▶ Problem requirements
Please return every line of the records below that contains the word "LightStrips".

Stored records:
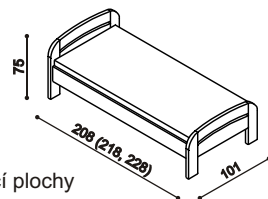

Postel GABRIELA PLUS

dvoulůžko
s rovným čelem
u nohou

rozměr	BUK	DUB
200 x 160 cm	19 800,-	21 670,-
200 x 180 cm	20 560,-	22 500,-
200 x 200 cm	21 310,-	23 320,-

51 - 63 cm
výška lehací plochy

Přistýlka / úložný prostor pod postel GABRIELA PLUS

přistýlka včetně pevného roštu
Nelze kombinovat s motorovým polohováním v lůžku.

rozměr	BUK	DUB
190 x 80 cm	6 360,-	6 700,-

Police GABRIELA

délka 160, 180, 200 cm

BUK	DUB
5 000,-	5 550,-

Standardní cena přistýlky je pro rozměry při šířce 70, 80 a 90 cm a délce 190 cm. Uvedeny vnitřní rozměry přistýlky. Při změně jednoho rozměru (délky nebo šířky) je ceníková cena navýšena o 5%. Při změně obou rozměrů (délky i šířky) je ceníková cena navýšena o 10%.

Postel GABRIELA

jednolůžko
s oblým čelem
u nohou

rozměr	BUK	DUB
200 x 90 cm	15 220,-	16 720,-

42 - 54 cm
výška lehací plochy

Postel GABRIELA

jednolůžko
s rovným čelem
u nohou

rozměr	BUK	DUB
200 x 90 cm	14 750,-	16 200,-

42 - 54 cm
výška lehací plochy

Postel GABRIELA

dvoulůžko
s oblým čelem
u nohou

rozměr	BUK	DUB
200 x 160 cm	19 080,-	20 860,-
200 x 180 cm	19 830,-	21 690,-
200 x 200 cm	20 570,-	22 520,-

42 - 54 cm
výška lehací plochy
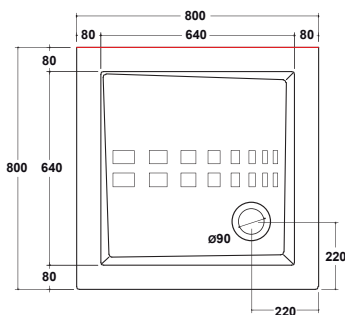

### Art. IBIS 80x80

Dimensioni/Dimension: 80x80x5,5 cm  
Peso/Weight: 27 Kg

### Art. IBIS 90x90

Dimensioni/Dimension: 90x90x5,5 cm  
Peso/Weight: 33 Kg

**lato non smaltato / not glazed side**

### Art. IBIS 75x100

Dimensioni/Dimension: 75x100x5,5 cm  
Peso/Weight: 32 Kg

### Art. IBIS 75x120

Dimensioni/Dimension: 75x120x5,5 cm  
Peso/Weight: 35 Kg
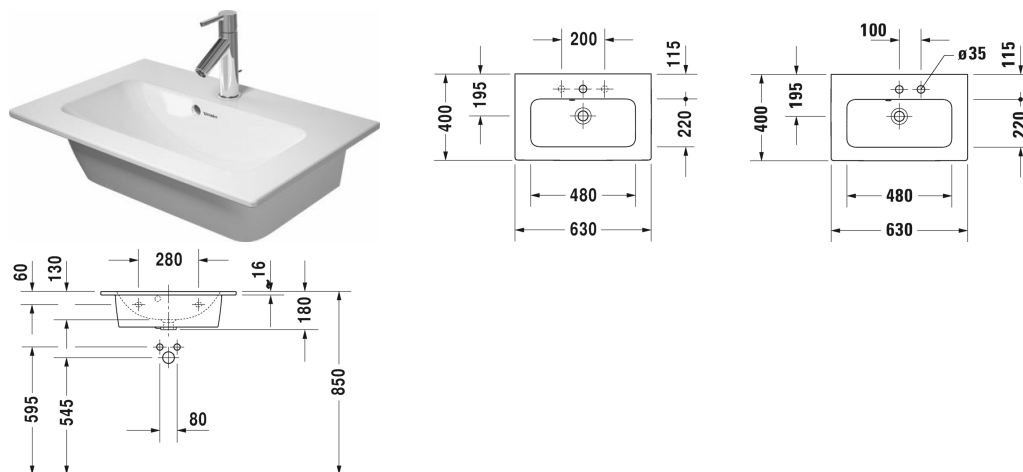

Tvättställ, möbeltvättställ Compact # 234263..00 / 234263..30 / 234263..58 / 234263..60 / 234263..00 / 234263..30 / 234263..58 / 234263..60

| < 630 mm > |

Tvättställ, möbeltvättställ Compact	Dimension	Vikt	Ordernummer
med bräddavlopp, med hylla för armatur, 630 mm			
Färger			
00 Alpinvit 32 White Satin Matt			
Variant			
●	630 x 400 mm	15,300 kg	234263..00
● ● ●	630 x 400 mm	15,300 kg	234263..30
● ●	630 x 400 mm	15,300 kg	234263..58
☒	630 x 400 mm	15,300 kg	234263..60
●	630 x 400 mm	15,300 kg	234263..00
● ● ●	630 x 400 mm	15,300 kg	234263..30
● ●	630 x 400 mm	15,300 kg	234263..58
☒	630 x 400 mm	15,300 kg	234263..60
Sanitärt porslin med den speciella WonderGliss-ytan kommer att hålla sig ren och snygg en lång tid framöver. Vid beställning av WondeGliss vänligen lägg till en "1" som elfte siffra i artikelnumret.			
Utrymmessparande vattenlås	1 1/4" mm	0,400 kg	005076
Passande produkter			
Underskåp väggmonterat kompakt 1 utdragslåda, till ME by Starck # 234263, 600 x 385 mm	600 x 385 mm		KT6422
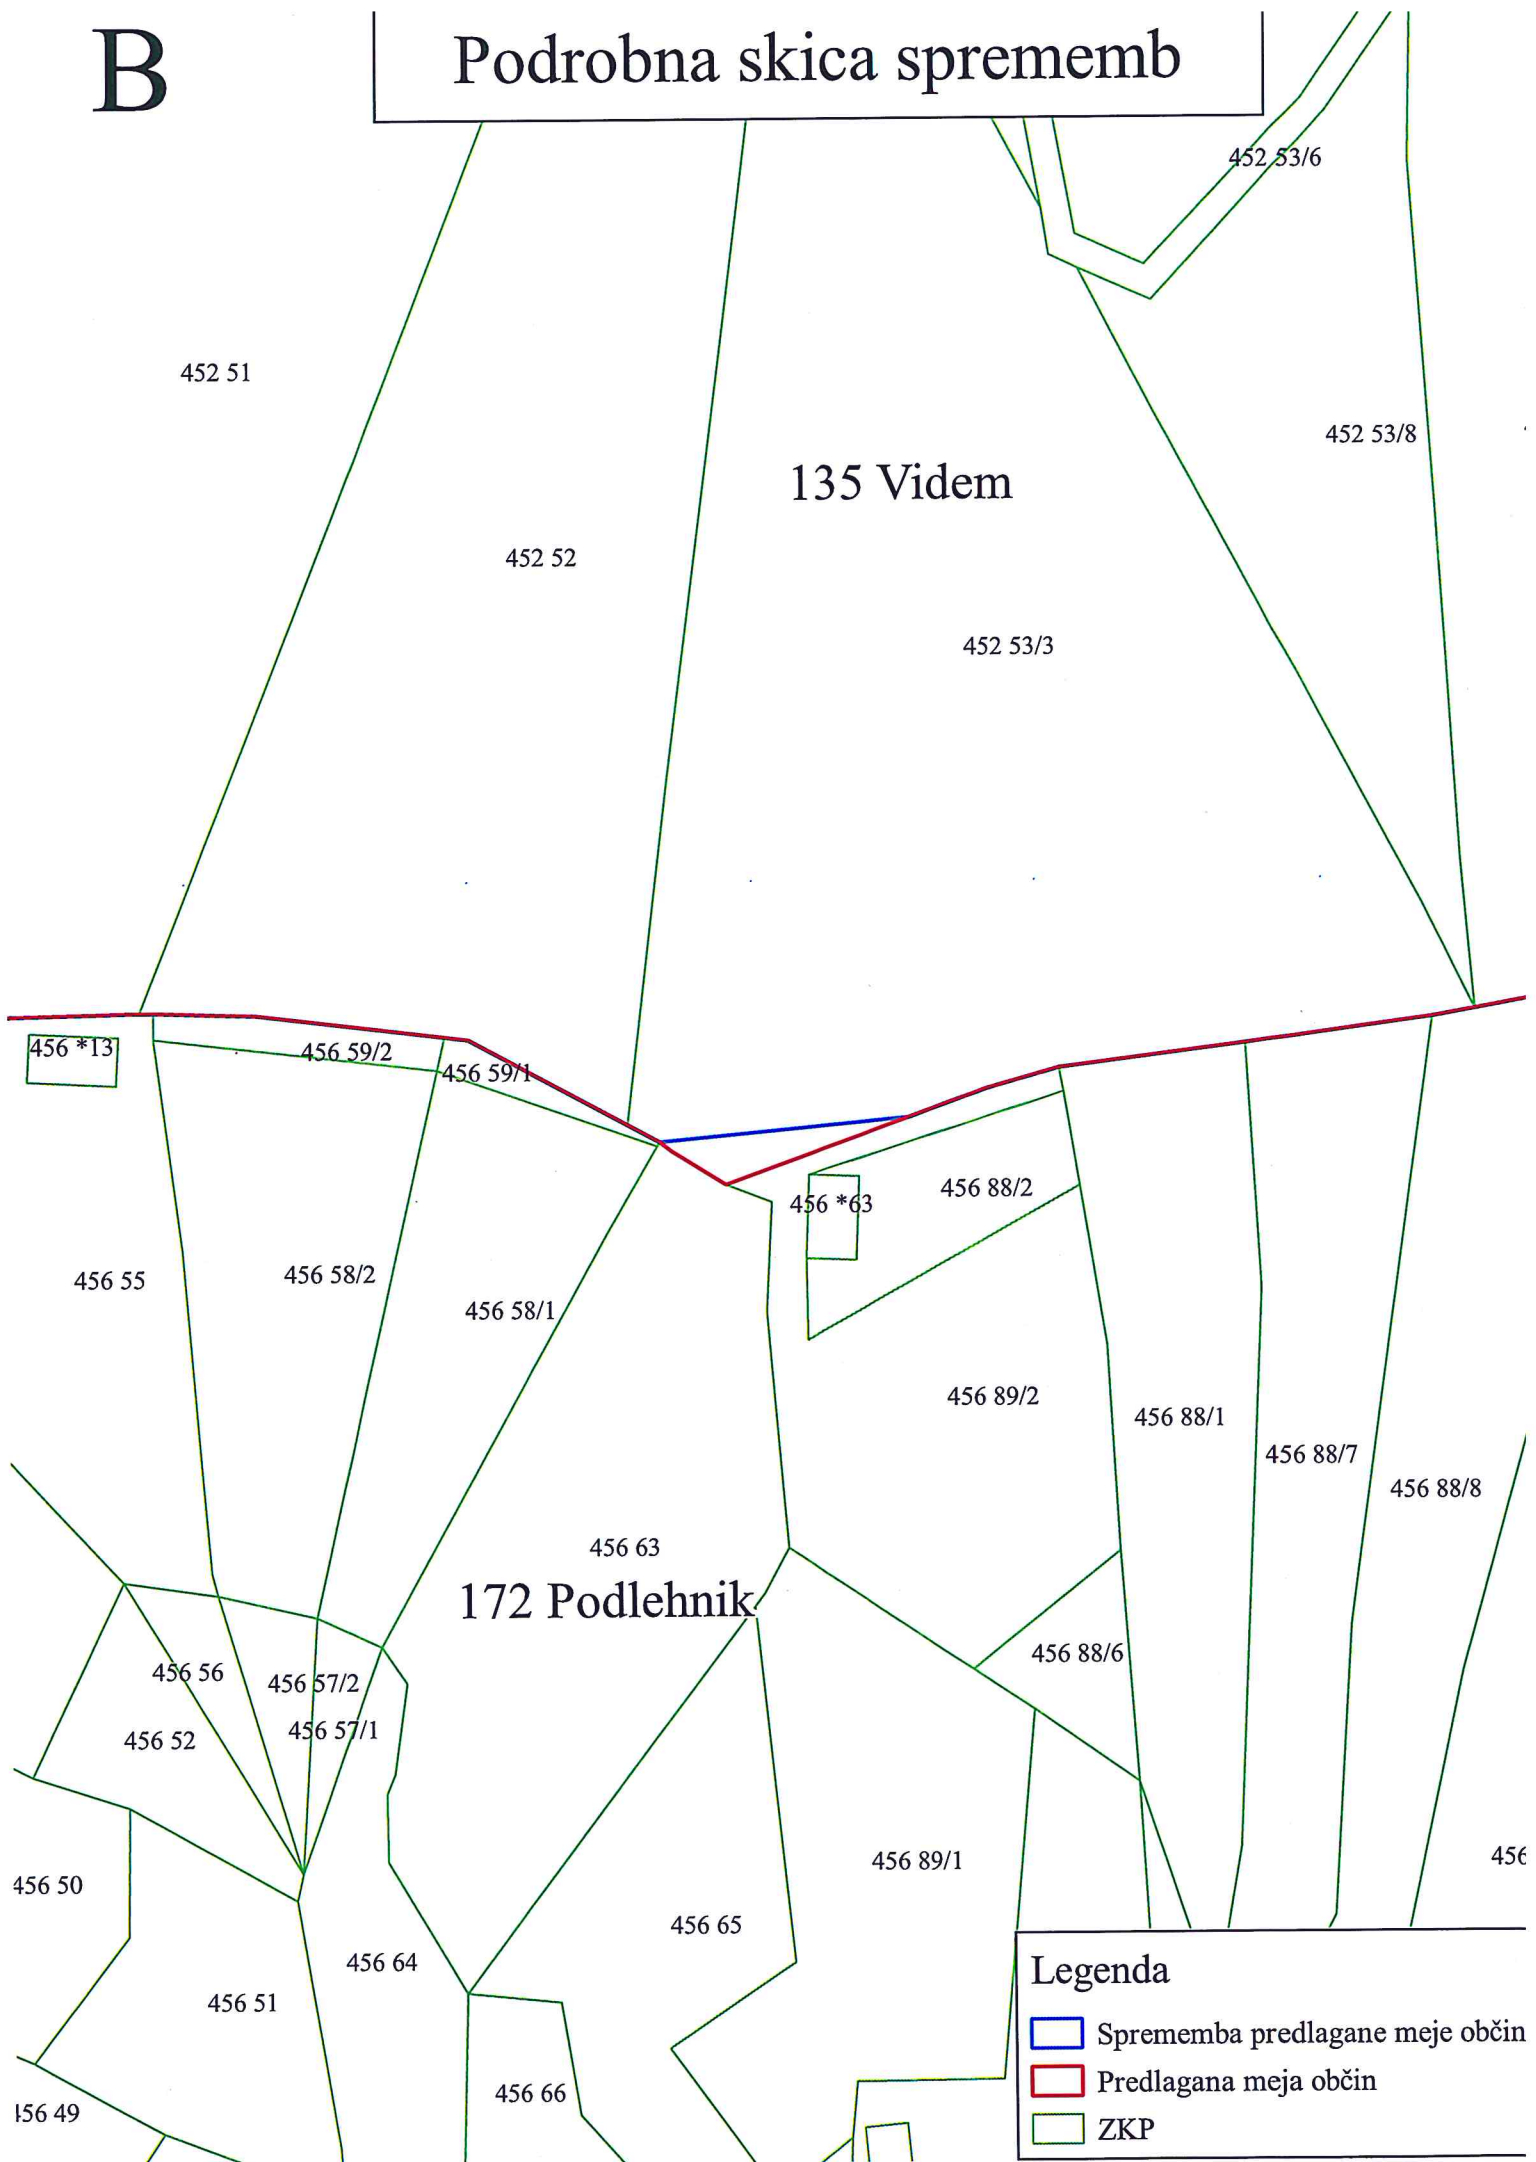

Občine, ki so uskladile spremembe medsebojne meje:

Ime občine	OB_ID občine
Videm	135
Podlehnik	172

Seznam parcel, ki se jih v celoti prenese v drugo občino:

Parcela		Prvotna občina		Nova občina	
K.O.	Štev. parcele	Ime	OB_ID	Ime	OB_ID
492	495/5	Videm	135	Podlehnik	172
492	495/4	Videm	135	Podlehnik	172
496	3/3	Videm	135	Podlehnik	172
492	495/6	Videm	135	Podlehnik	172
451	1091/11	Podlehnik	172	Videm	135
492	1746	Videm	135	Podlehnik	172
451	1133	Videm	135	Podlehnik	172

172 Podlehnik

496 3/3

496 91

Legenda

-  Sprememba predlagane meje občin
-  Predlagana meja občin
-  ZKP

B

Podrobna skica sprememb

C
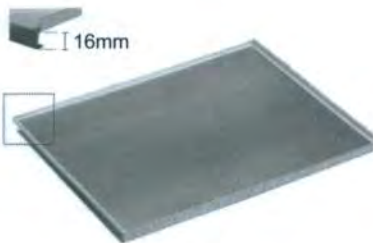

Clave	Mueble	Alto	Ancho	Fondo	Color
F16007-IT	900mm	18mm	862mm	560mm	Aluminio Texturizado
F16008-IT	1000mm	18mm	962mm	560mm	Aluminio Texturizado
F16010-IT	1200mm	18mm	1162mm	560mm	Aluminio Texturizado
F16027-IT	900mm	18mm	862mm	580mm	Aluminio Texturizado
F16028-IT	1000mm	18mm	962mm	580mm	Aluminio Texturizado
F16030-IT	1200mm	18mm	1162mm	580mm	Aluminio Texturizado
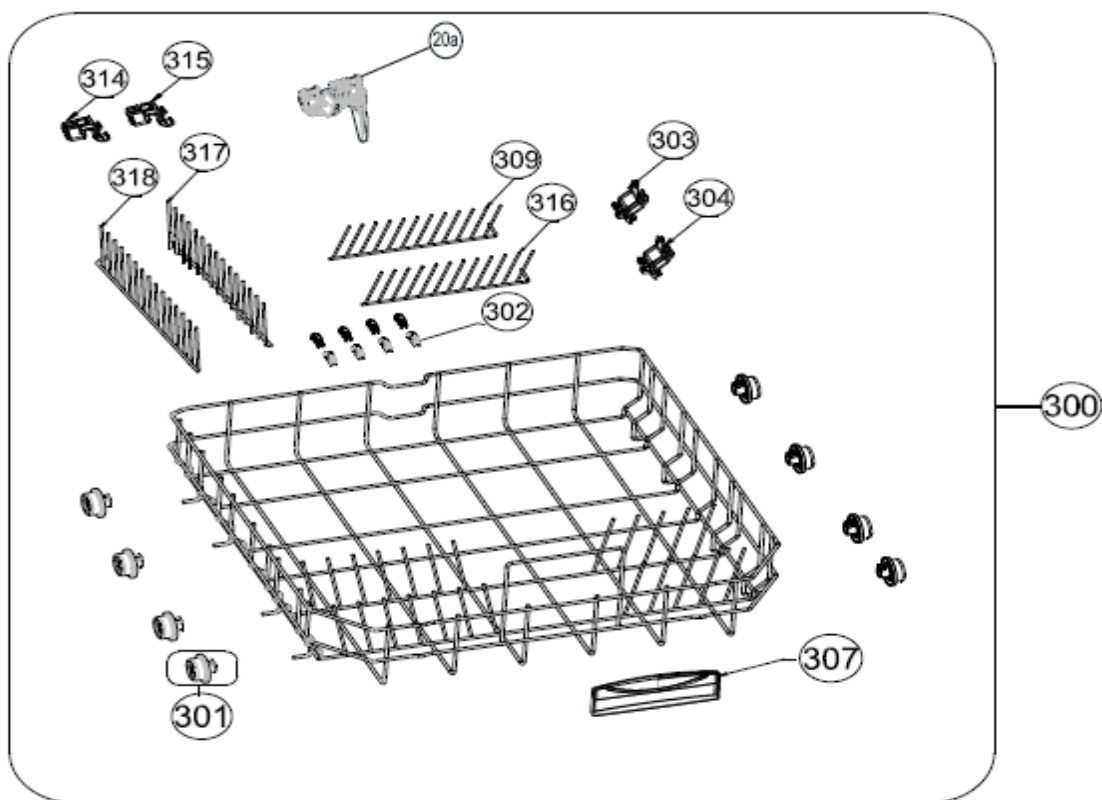

## Inbouw Witgoed - Vaatwassers

Typenummer

IVW6035AXL

Revisie Datum

26-5-2020

**INVENTUM**

*maakt 't moment*
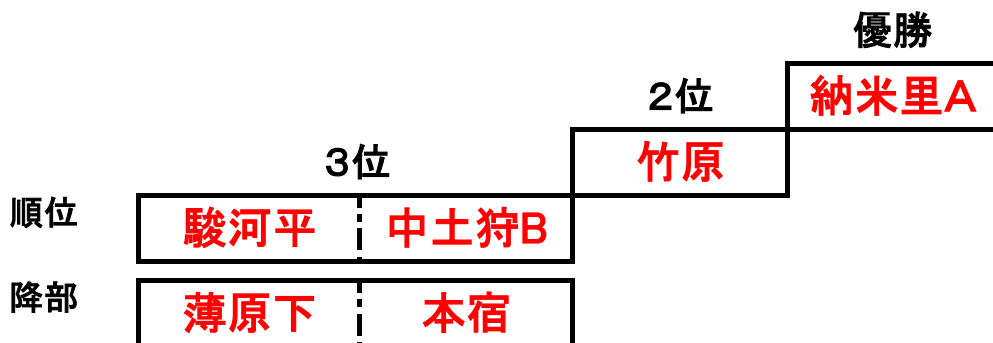

# 第66回町民ソフトボール大会「Aクラス」組合せ

会場 中央グラウンド

# 第66回町民ソフトボール大会「Bクラス」組合せ

会場 桃沢グラウンド
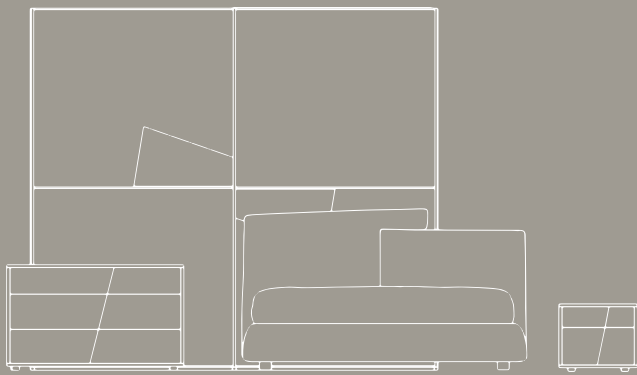

BEDROOMS 17

SIMPLICITY AND ELEGANCE

Letto / Bed

CHERIÉ Giroletto e pannello destro J02, pannello sinistro J03

Armadio / Wardrobe

PLAY Struttura frassino nuvola, telaio frassino nuvola, pannelli laccati piombo opaco, inserto specchio
H.246 x L.277 x P.66

Comò / Bedside table

TIVOLI Struttura frassino nuvola, maniglia laccata piombo

Comodino / Bedside table

TIVOLI Struttura frassino nuvola, maniglia laccata piombo
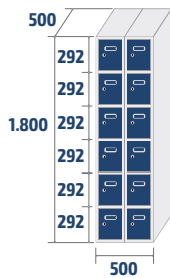

ECOP-40/2
COD: 84062
48,3kg · 0,72m³

ECOP-40/3
COD: 84063
69,5kg · 1,08m³

SÉRIE ECOB

ECOB-25/1
COD: 82721
22,6kg · 0,22m³

ECOB-25/2
COD: 82722
40,2kg · 0,45m³

ECOB-25/3
COD: 82723
57,8kg · 0,67m³

ECOB-25/4
COD: 82724
75,4kg · 0,9m³

ECOB-30/1
COD: 83721
24,5kg · 0,27m³

ECOB-30/2
COD: 83722
44kg · 0,54m³

ECOB-30/3
COD: 83723
63,5kg · 0,81m³

ECOB-30/4
COD: 83724
83kg · 1,08m³

ECOB-40/1
COD: 84721
28,1kg · 0,36m³

ECOB-40/2
COD: 84722
51,2kg · 0,72m³
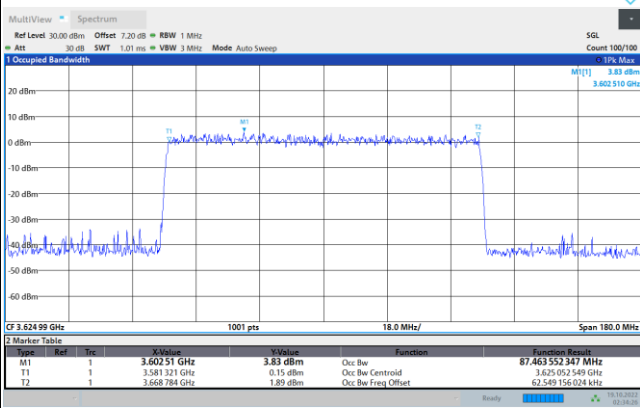

64QAM

256QAM
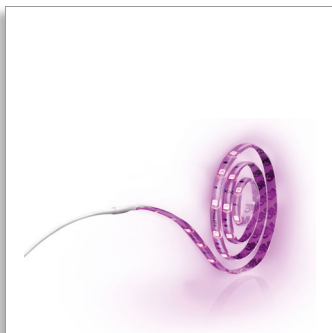

Philips
Lumină indirectă

LightStrips Essential 1m
multicolor
LED

70165/55/PH

Colorați-vă universul cu lumină

LightStrips Essential adăugă o dimensiune plină de culoare interiorului locuinței dvs. Utilizați-le pentru a decora locuința cu lumină. Cu ajutorul comutatorului inclus de control al luminilor, devine atât simplu de utilizat.

- Dimensionat
- Plug & Play: instalare ușoară
- Ușor de montat cu bandă adezivă.

Ușor și sigur de folosit

- Comutator ușor de utilizat
- Strat protector de silicon
- Tehnologie sigură cu LED-uri

PHILIPS

Repere

Lipiți LightStrip oriunde doriți, datorită benzii adezive integrate de pe partea posterioară.

Comutator ușor de utilizat

Comutatorul vă permite să aprindeți și să stingeți LightStrip. De asemenea, cu ajutorul butonului de schimbare a culorii puteți alege 1 dintre cele 7 culori disponibile sau puteți trece LightStrip în modul de schimbare automată a culorii.

▶ Task output
LightStrips Essential 1m
LightStrips Essential adăugă o dimensiune plină de culoare interiorului locuinței dvs. Utilizați-le pentru a decora locuința cu lumină. Cu ajutorul comutatorului inclus de control al luminilor, devine atât simplu de utilizat.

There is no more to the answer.